--- START ---

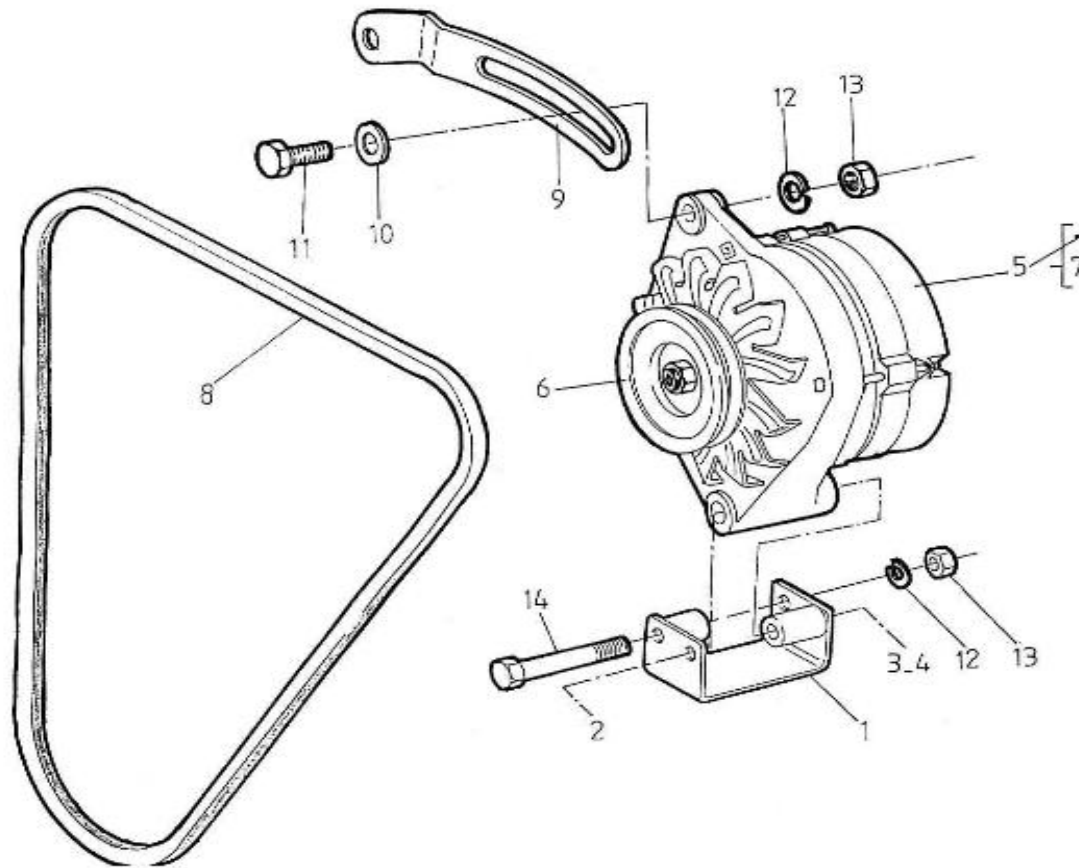

Brand: NanniDiesel

Model: Moteur 4.220HE

Version: Standard

Subassembly: Alternator Assy.Std.

N.	Item	Description	Qty	Notes
1	970307438	SUPPORT,ALTERNATOR	1	
2	970307531	BOLT	1	
3	970039794	WASHER	1	
4	970307532	NUT (+++FIX. TOURTEAU SUR INVERSEUR)	1	
5	970307522	ALTERNATOR,14V-60A	1	
6	970307521	PULLEY	1	
7	970307533	REGULATOR,ALTERNATOR	1	
8	970307404	V-BELT	1	
9	970307437	TIGHTENER,V-BELT	1	
10	970304050	WASHER	1	
11	970024016	BOLT,HEX M 8X 40	1	
12	970119138	WASHER,SPRING D 8 (TENDEUR)	2	
13	970027322	NUT,M 8 (++ECROU FIL DEMARREUR)	2	
14	970607384	BOLT,HEX M 8X 110	1	

V. 07/07/2011

Pag. 37/50

--- END ---

Set down the entries word for word, omitting all pictures.

Brand: NanniDiesel

Model: Moteur 4.220HE

Version: Standard

Subassembly: Alternator Assy.Std.

N.	Item	Description	Qty	Notes
1	970307438	SUPPORT,ALTERNATOR	1	
2	970307531	BOLT	1	
3	970039794	WASHER	1	
4	970307532	NUT (+++FIX. TOURTEAU SUR INVERSEUR)	1	
5	970307522	ALTERNATOR,14V-60A	1	
6	970307521	PULLEY	1	
7	970307533	REGULATOR,ALTERNATOR	1	
8	970307404	V-BELT	1	
9	970307437	TIGHTENER,V-BELT	1	
10	970304050	WASHER	1	
11	970024016	BOLT,HEX M 8X 40	1	
12	970119138	WASHER,SPRING D 8 (TENDEUR)	2	
13	970027322	NUT,M 8 (++ECROU FIL DEMARREUR)	2	
14	970607384	BOLT,HEX M 8X 110	1	

V. 07/07/2011

Pag. 37/50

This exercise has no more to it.